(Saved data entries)
###
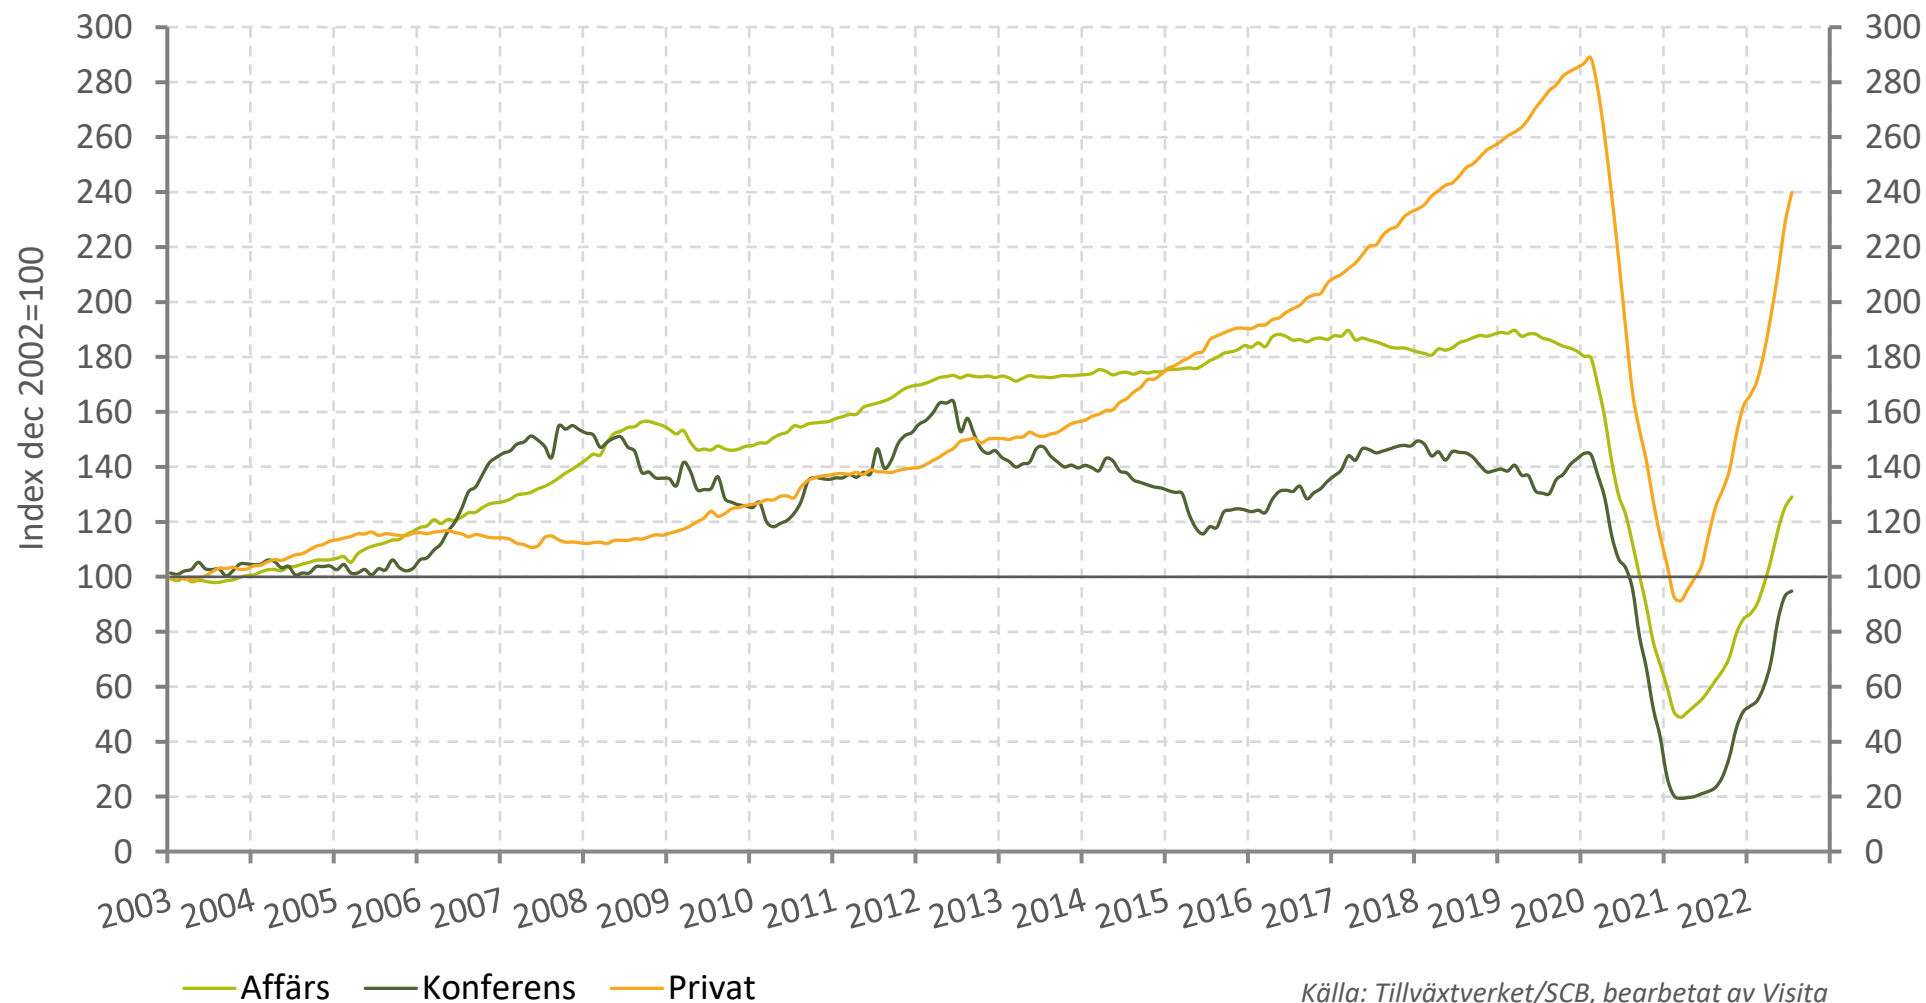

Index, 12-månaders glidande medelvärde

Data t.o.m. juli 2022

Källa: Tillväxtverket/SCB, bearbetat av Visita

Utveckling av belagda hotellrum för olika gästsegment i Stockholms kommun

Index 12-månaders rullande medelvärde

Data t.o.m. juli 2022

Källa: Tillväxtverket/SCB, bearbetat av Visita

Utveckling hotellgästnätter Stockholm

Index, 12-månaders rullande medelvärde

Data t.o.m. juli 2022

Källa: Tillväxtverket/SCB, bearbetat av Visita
###
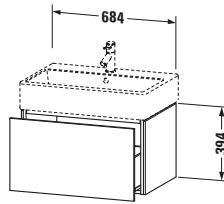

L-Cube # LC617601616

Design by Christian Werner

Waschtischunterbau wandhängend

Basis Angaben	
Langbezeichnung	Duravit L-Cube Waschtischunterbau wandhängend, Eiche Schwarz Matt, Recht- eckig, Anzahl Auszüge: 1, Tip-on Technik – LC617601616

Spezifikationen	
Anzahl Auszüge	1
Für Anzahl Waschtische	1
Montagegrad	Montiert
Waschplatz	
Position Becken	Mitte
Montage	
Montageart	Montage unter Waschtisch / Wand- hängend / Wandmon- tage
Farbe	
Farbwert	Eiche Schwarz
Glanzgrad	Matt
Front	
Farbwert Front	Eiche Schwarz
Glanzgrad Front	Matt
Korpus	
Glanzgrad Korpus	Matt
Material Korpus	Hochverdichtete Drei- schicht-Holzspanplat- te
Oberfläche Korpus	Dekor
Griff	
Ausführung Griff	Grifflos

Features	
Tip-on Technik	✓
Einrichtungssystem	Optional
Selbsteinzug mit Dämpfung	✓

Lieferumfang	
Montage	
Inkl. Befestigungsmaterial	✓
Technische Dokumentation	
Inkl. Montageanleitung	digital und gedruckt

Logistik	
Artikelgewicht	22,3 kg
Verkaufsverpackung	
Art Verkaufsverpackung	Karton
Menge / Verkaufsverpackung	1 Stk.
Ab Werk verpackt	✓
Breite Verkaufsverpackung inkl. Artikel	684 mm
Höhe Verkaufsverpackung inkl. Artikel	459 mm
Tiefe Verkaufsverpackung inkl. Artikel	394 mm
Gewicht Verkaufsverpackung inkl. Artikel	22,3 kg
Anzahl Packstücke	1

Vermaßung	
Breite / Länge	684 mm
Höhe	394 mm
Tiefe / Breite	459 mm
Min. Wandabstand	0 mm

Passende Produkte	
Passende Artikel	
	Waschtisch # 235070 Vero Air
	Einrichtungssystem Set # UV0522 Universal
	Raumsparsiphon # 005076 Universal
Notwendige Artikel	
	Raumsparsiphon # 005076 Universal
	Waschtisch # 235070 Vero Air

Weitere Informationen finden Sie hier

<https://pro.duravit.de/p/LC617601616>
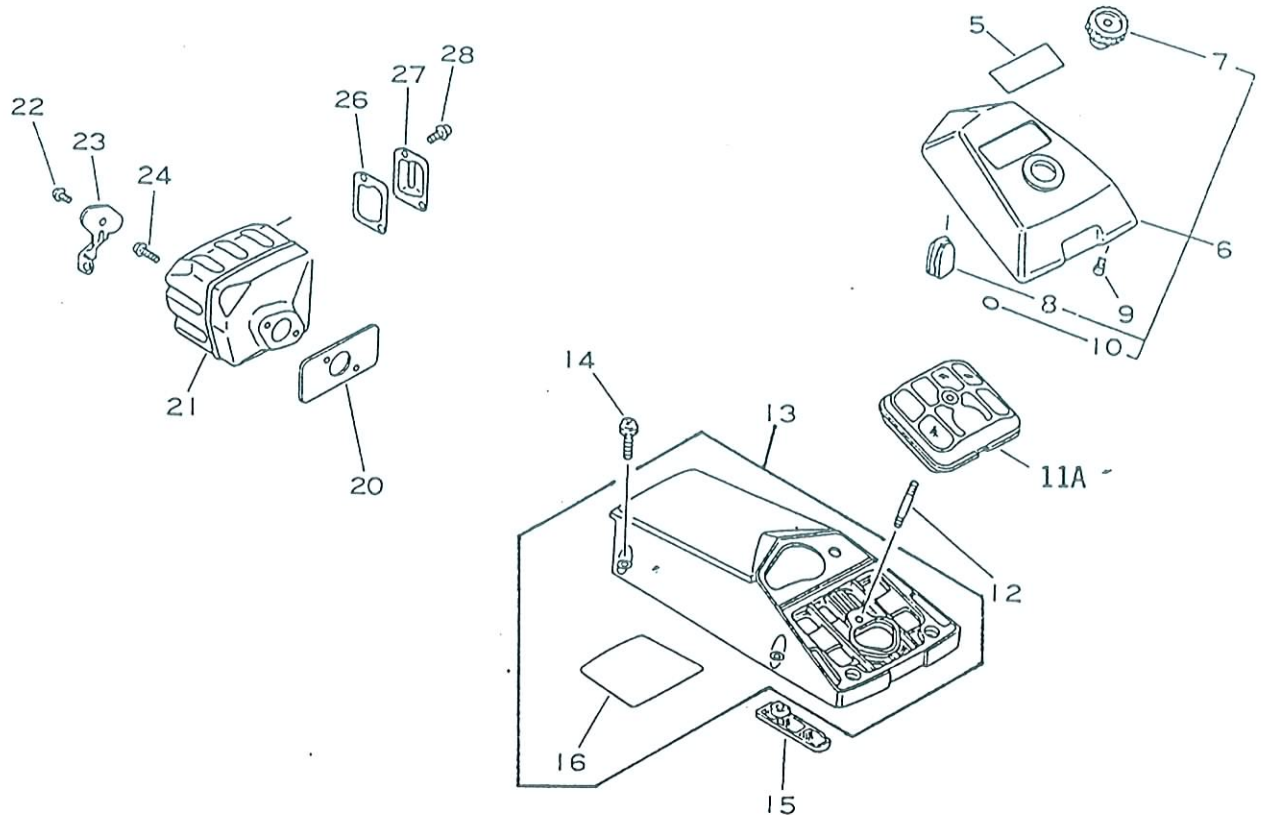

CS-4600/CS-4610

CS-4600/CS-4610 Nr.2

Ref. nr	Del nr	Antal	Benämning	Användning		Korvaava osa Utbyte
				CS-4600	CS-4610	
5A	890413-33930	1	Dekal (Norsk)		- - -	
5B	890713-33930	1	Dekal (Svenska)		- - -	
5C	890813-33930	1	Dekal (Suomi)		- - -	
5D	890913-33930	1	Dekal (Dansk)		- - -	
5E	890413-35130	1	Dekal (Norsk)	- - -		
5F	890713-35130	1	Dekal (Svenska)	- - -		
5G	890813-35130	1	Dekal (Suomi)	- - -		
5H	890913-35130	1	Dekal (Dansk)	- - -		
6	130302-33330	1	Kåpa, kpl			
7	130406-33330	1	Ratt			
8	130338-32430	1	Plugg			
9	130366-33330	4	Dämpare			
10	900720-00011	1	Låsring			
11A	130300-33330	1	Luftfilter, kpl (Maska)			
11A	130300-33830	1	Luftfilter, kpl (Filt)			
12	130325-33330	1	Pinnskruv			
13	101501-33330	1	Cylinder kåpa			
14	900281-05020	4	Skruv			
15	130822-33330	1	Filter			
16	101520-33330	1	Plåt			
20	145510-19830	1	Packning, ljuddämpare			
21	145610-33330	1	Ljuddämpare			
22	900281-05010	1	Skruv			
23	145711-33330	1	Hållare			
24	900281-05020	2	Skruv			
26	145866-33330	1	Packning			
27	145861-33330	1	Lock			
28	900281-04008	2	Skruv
###
What you should do:
Return each line above where the word "månaders" shows up.

Task solution:
Index, 12-månaders glidande medelvärde
Index 12-månaders rullande medelvärde
Index, 12-månaders rullande medelvärde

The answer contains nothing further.